45th Secretary of State of Alabama
- In office January 17, 1987 – January 3, 1989
- Governor: H. Guy Hunt
- Preceded by: Don Siegelman
- Succeeded by: Fred Crawford

Member of the Alabama House of Representatives
- In office 1983-1986

Personal details
- Born: January 15, 1943 (age 83) Sumter, South Carolina, U.S.
- Party: Democratic
- Spouse: Sara Moore
- Children: 1 daughter
- Education: Presbyterian College Emory University
- ↑ Browder's official service begins on the date of the special election, while he was not sworn in until April 18, 1989.;

= Glen Browder =

American politician

John Glen Browder (born January 15, 1943) is a former member of the United States House of Representatives from Alabama's 3rd congressional district.

== Early life and education ==
Browder was born in Sumter, South Carolina, and graduated in 1961 from Edmunds High School in Sumter. He earned a Bachelor of Arts in history at Presbyterian College in Clinton, South Carolina, in 1965. He went on to obtain a Master of Arts and a Ph.D. in political science from Emory University in Atlanta, Georgia, in 1971.

Before earning his graduate degrees, Browder served a brief stint in 1966 as a sportswriter for the Atlanta Journal. He worked from 1966 to 1968 as an investigator with the United States Civil Service Commission. After his time at Emory, he became a professor of political science at Jacksonville State University in Jacksonville, Alabama. He served on the faculty from 1971 to 1987. From 1978 to 1987, he was the president of Data Associates in Anniston, Alabama, primarily conducting polls and managing campaigns for candidates for public office.

==Political career==
===Alabama House of Representatives===
Browder's political career began in the Alabama statehouse, where he served in the Alabama House of Representatives from 1983 to 1986. Upon taking office in January 1983, Browder was appointed to the House Judiciary Committee and the Constitution and Elections Committee. At the end of Browder's first year, Governor of Alabama George Wallace appointed him to the Ways and Means Committee. Browder and Wallace worked closely on improving education in Alabama. Following passage of Browder's Education Reform Act in 1984, which provided for the formation of the Governor's Education Reform Commission, Wallace appointed Browder vice chairman of the commission to formulate and implement a series of measures to bring the quality of education in the state up to national standards.
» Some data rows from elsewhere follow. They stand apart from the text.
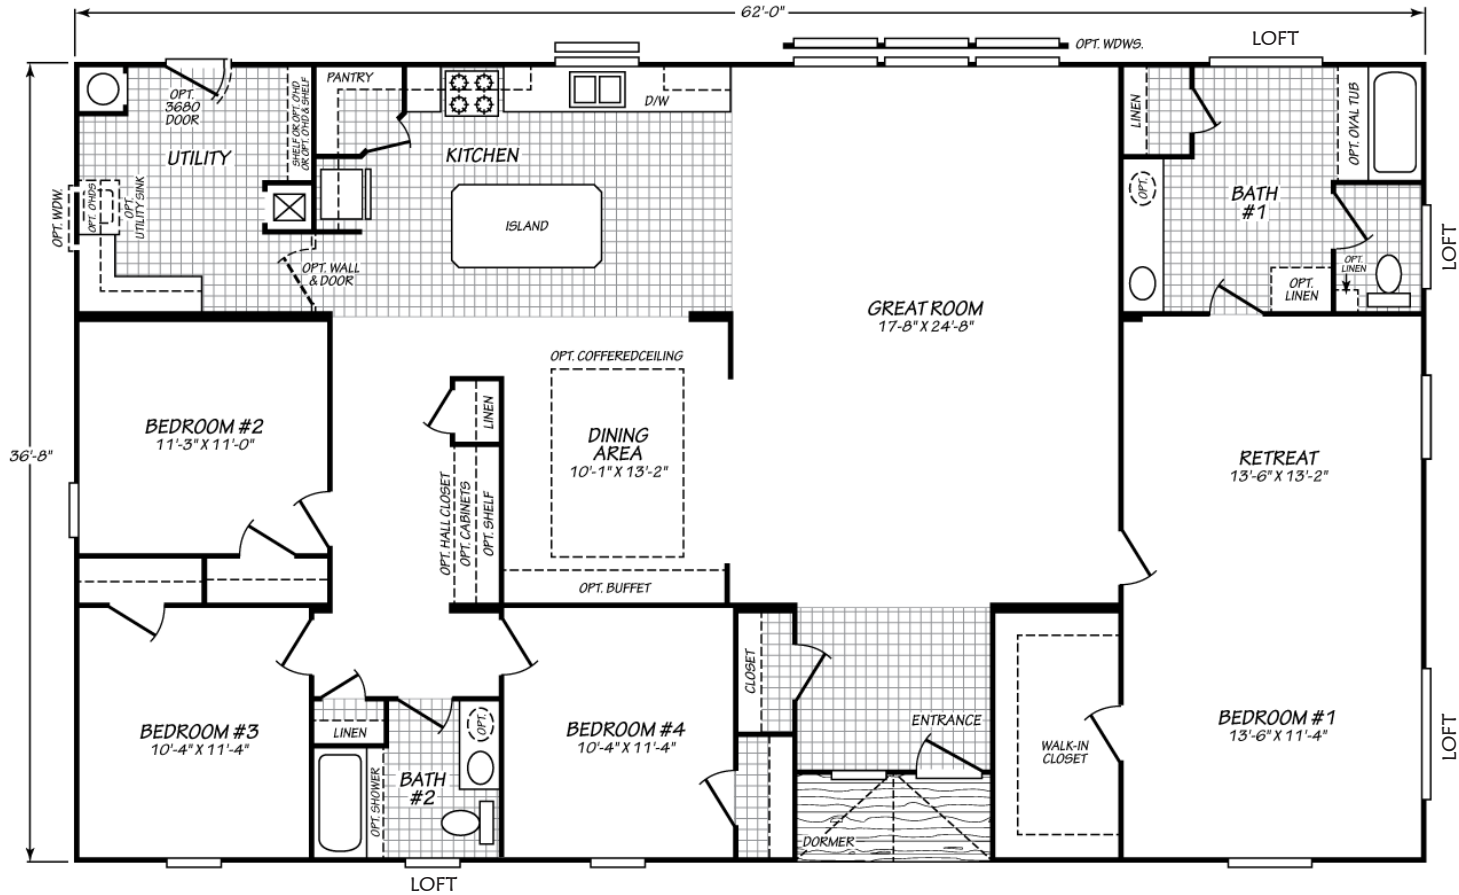

Aiken

Evergreen Series

2,273 SQ. FT. (Approximate) 4 Bedrooms, 2 Baths

Last Updated: 4-13-23

FACTORY EXPO HOME CENTERS
2555 Progress Way
Woodburn, OR 97071

FactoryExpo.net | 1-800-889-8548

IMPORTANT: Alta Cima Corp reserves the right to modify, cancel or substitute products or features of this event at any time without prior notice or obligation. Pictures and other promotional materials are representative and may depict or contain floor plans, square footages, elevations, options, upgrades, extra design features, decorations, floor coverings, specialty light fixtures, custom paint and wall coverings, window treatments, landscaping, sound and alarm systems, furnishings, appliances, and other designer/decorator features and amenities that are not included as part of the home and/or may not be available at all locations. Home, pricing and community information is subject to change, and homes to prior sale, at any time without notice or obligation. ©2020 Alta Cima Corp. All rights reserved.

Browder's major accomplishments in the legislature were passing the Browder Education Reform Act of 1984, the Alabama Crime Victims Compensation Act of 1985, and the Alabama Performance-Based Career Incentive Program (Teacher Career Ladder) Act of 1985. His colleagues included him among their Outstanding Legislator ranks in 1985 and 1986, and he received special commendations from crime victims, social workers, and school financial aid administrators.

===Secretary of State of Alabama===
After one term in the state legislature, Browder was elected to the office of Alabama Secretary of State, serving from 1987 to 1989.

During Browder's tenure, the Secretary of State's office digitized the state's record-keeping system, established a training system for poll workers, monitored the handling of absentee ballots, purged voter rolls of ineligible — mainly deceased — voters, and registered hundreds of new voters through public outreach. Browder established and chaired the statewide Alabama Elections Reform Commission to recommend and popularize changes to outdated laws governing the state's elections. His main accomplishment as Secretary of State was the passage of his Fair Campaign Practices Act of 1988, which replaced the Corrupt Practices Act of 1915 and remains the basis of campaign finance reporting law in the state.

===U.S. House of Representatives===
He was elected as a Democrat to the 101st Congress, by special election, to fill the vacancy caused by the death of United States Representative William F. Nichols, and re-elected to the three succeeding Congresses (April 4, 1989 – January 3, 1997).

In the House, Browder served on the House Armed Services Committee and the House Budget Committee. He focused on military readiness and balancing the federal budget.

He successfully defended Fort McClellan, an Army training base in his district, from three efforts to close it in the early 1990s. (The Army eventually won authorization to close the base in 1995.) In 1992–93, he chaired a two-year special House inquiry, Countering the Chemical and Biological Threat in the Post-Soviet World. He advocated for benefits for veterans returning from Operation Desert Storm and study of a set of symptoms that would come to be known as Gulf War Syndrome.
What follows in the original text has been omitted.